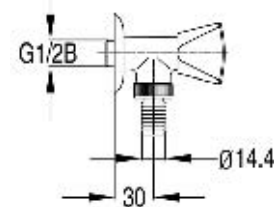

Wasserhahn - Schlauchanschluss

Настенный кран с нипелем для
подключения шланга
Water tap - hose connection

Art.: UH10151

EAN: 3838963601517

● chrom ■ хром ■ chrome

Art.: UH10152

EAN: 3838963601524

● chrom ■ хром ■ chrome
========================
Please repeat all of the data exactly, excluding images.

Wasserhahn - Schlauchanschluss

Настенный кран с нипелем для
подключения шланга
Water tap - hose connection

Art.: UH10151

EAN: 3838963601517

● chrom ■ хром ■ chrome

Art.: UH10152

EAN: 3838963601524

● chrom ■ хром ■ chrome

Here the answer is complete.